Figure 6 with 3 supplements see all
Evidence for long-term balancing selection at MLO2.

(A) Diagram of MLO2 protein in the cell membrane. Blue ovals, transmembrane domains. Top is the extracellular space. Orange dots represent amino acid differences between proteins encoded by haplogroups A and B. (B) Haplogroup identification with reference based SNP calls. Circles represent ts3-wayhqSNPs and colours represent the reference (green) and alternative (blue) SNP calls. Numbers indicate haplotype frequencies in each species. (C) Top: A diagram of the MLO2 region on scaffold 1. Grey boxes represent coding regions. Empty circles show the positions of the seven initially identified ts3-wayhqSNPs shown in (B). MLO2b gene is drawn based on the reference annotation, but alignment with orthologous genes suggested a misannotation of the last splice site acceptor leading to truncation of the annotated gene. For final alignments, the corrected annotation was used. Middle: Average read coverage by haplogroup and species (blue is C. rubella and orange is C. orientalis). Region of poor coverage in haplogroup B is highlighted with a black bar. The green and yellow bars below the coverage plots highlight the de novo assembled region and the windows from which the neighbour-joining trees were built (excluding indels, each window is 1 kb). The blue and orange circles on the tree indicate samples from each species. Black scale indicates substitutions in trees.

https://doi.org/10.7554/eLife.43606.031

MLO2 encodes a seven-transmembrane domain protein with a conserved role in plant disease susceptibility (Figure 6A) (Consonni et al., 2006). The C. rubella MLO2 locus has experienced a tandem duplication, resulting in two genes, MLO2a and MLO2b. Although both homologs are sufficiently diverged to be accessible to unambiguous read mapping, all six ts3-wayhqSNPs were in MLO2b (Figure 6B–C). In C. rubella and C. orientalis, the ts3-wayhqSNPs were arranged in five different haplotypes, which we collapsed into three related haplogroups, A, B and C (Figure 6B). The reference haplogroup A was most frequent in both species.
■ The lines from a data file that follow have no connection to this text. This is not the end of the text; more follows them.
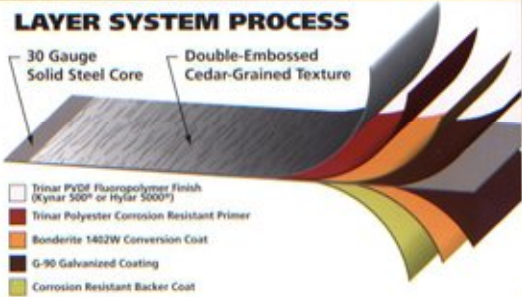

WITHSTANDS HARSH WEATHER • SIDEWALL OR ROOFING APPLICATION • CURB APPEAL • DURABLE

the next wave in

The beauty of traditional shingles — the strength and durability of steel.

ArrowLine's unique 4-way interlocking system withstands winds up to 160 mph, has the best hail rating available, and qualifies for lower insurance rates through some providers.

ArrowLine Permanent Metal Shingles are not just brute strength — they are available in 15 designer colors with matching trim for an aesthetic statement like none other.

Residential

• AFFORDABLE • PRACTICAL • CONTEMPORARY

INVESTMENT VALUE • LIFETIME WARRANTY •

Metal exteriors

Commercial

**Light
Commercial**

ArrowLine THE PERMANENT METAL SHINGLE-SHAKE

ArrowLine Permanent Metal Shingles™ were developed for residential and light-commercial installations, for roofing or sidewall applications. EDICO's new generation steel products and high-performance coil coatings enable ArrowLine Metal Shingles to be a cost-effective choice, environmentally safe and easy to install.

It's more than just an ordinary shingle. Unlike traditional roofing products, ArrowLine Shingles will not warp, split, peel or crack. Our products have been successfully tested in winds in excess of 100 mph. They easily withstand frigid north woods winters as well as the blistering southern sun. Coated with a deluxe KYNAR 500® finish to maximize color retention, ArrowLine Shingles are available in a full range of 15 standard colors. The unique double embossing pattern adds panel strength that are strong enough to be walked on and can be applied over an existing roof, thereby reducing installation costs.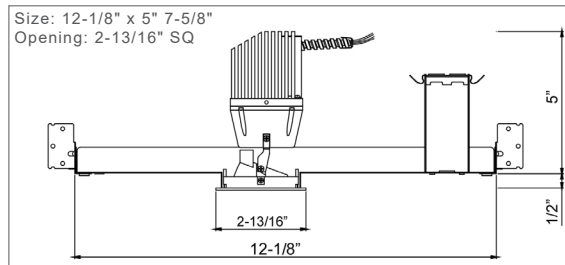

ORDERING GUIDE

Example: 8320H-10-30-38M-EM

Model #	Wattage	Color Temp	Beam Spread	Emergency
8320H	-10 10W, 870lms	-27 2700K	-15N	blank no EM Option
8321H	-15 15W, 1200lms	-30 3000K	-38M	-EM adds Battery Pack
	-23 23W, 1800lms		-60W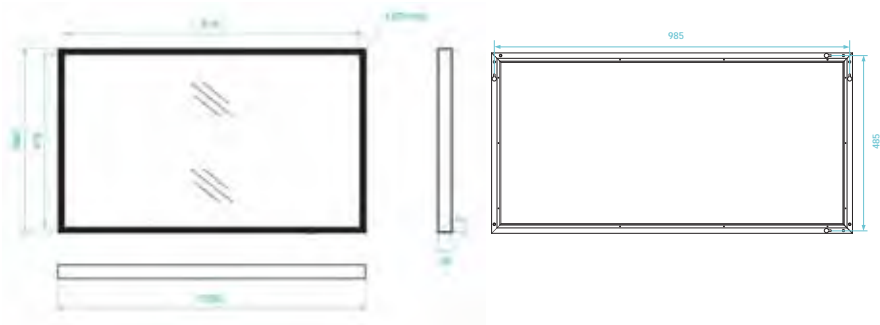

Mirror with LED strip on all sides & IR sensor
1000mm (W) x 500mm (H) x 38mm (D)

Finish Chrome

Art No TSP-103 RRP (inc VAT) £306.00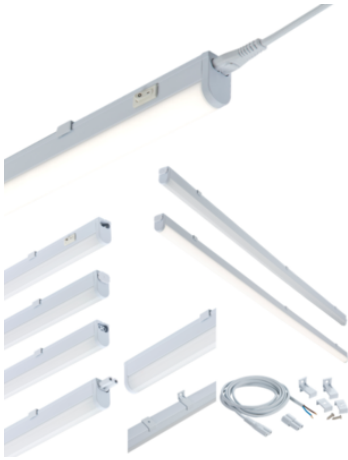

DATASHEET

UCLED13WW

230V 13W LED Linkable Striplight 3000K (838mm)

www.mlaccessories.co.uk

MLA PART CODE	UCLED13WW
DESCRIPTION	230V 13W LED Linkable Striplight 3000K (838mm)
NET WEIGHT (KG)	0.26
FINISH	White
DIFFUSER	Opal
DIMENSIONS (MM)	Length - 838 Width - 22.8 Projection - 36
CONSTRUCTION	Construction - Polycarbonate
CLASS	II
IP RATING	IP20
WATTAGE (W)	13
LAMP TECHNOLOGY	LED
LAMP INCLUDED	Yes
LUMENS (LM)	950
LUMENS LIGHT SOURCE ONLY (LM)	1350
LUMEN TOLERANCE	5%
EFFICACY (LM/W)	106.7
CIRCUIT WATTAGE (W)	12.7
CCT	3000K
LIGHT COLOUR	Warm White
CRI	>80
SDCM	<6
RUNNING CURRENT (A)	0.093
DISPLACEMENT FACTOR	>0.9
SVM	0.048
PST-LM	0.015
BEAM ANGLE (DEGREES)	145
LIFE SPAN (HRS)	30,000
L70B50 LIFESPAN (HRS)	54,000

DIMMABLE	No
OPERATING TEMPERATURE	-10~40°C
INPUT VOLTAGE	230V 50Hz
CABLE LENGTH (M)	2
WARRANTY	3year(s)
MANUFACTURED IN ACCORDANCE WITH	BS EN 60598
ORIGIN OF MANUFACTURE	China
DECLARATION OF CONFORMITY (HELD ON FILE)	Yes
EAN	5055832977742

Because several known targets of balancing selection in A. thaliana are the result of structural variation, or lesions larger than 1 kb (Mauricio et al., 2003; Stahl et al., 1999), we examined coverage patterns around the MLO2 locus to identify potential linked indels. We found that haplogroup B in both C. rubella and C. orientalis exhibited similar patterns of low read coverage at the 5’ end of MLO2b, suggesting a possible indel (Figure 6C). To examine the exact sequence of each allele, we took advantage of the homozygous nature of sequence data from these two selfing species and performed local de novo assembly of the MLO2 locus from read pairs mapping to this region. We were able to reconstruct the locus for 15 C. orientalis samples (13 haplogroup A and two haplogroup B) and 43 C. rubella samples (34 A, 2 B, and 7 C). Surprisingly, a comparison of the different haplotypes revealed that the pattern of low coverage observed for haplogroup B was not due to structural variation, but instead to extremely high divergence from the reference haplogroup A (Figure 6—figure supplement 1). Divergence between alleles within species was greater than 0.15 differences per bp, over three times higher than the genome-wide divergence between the species (Figure 6—figure supplement 1 and Figure 5—source data 1). This highly diverged region had therefore been originally inaccessible to reference-based read mapping in haplogroup B samples. De novo assembly allowed us to identify a total of 204 additional tsSNPs, nearly all of which mapped to the 5’ end of MLO2b (Figure 6—figure supplement 1). Neighbour-joining trees revealed the expected clustering of samples by species in regions adjacent to MLO2b, but clear clustering by haplogroup within the 5’ region, a pattern that is reproduced in phylogenetic analysis of the entire CDS (Figure 6C and Figure 6—figure supplement 2). Importantly, divergence within haplogroup across species was greater than, or similar to genome-wide averages for both A and B, demonstrating that recent introgression did not give rise to allele sharing (Figure 6—figure supplement 1).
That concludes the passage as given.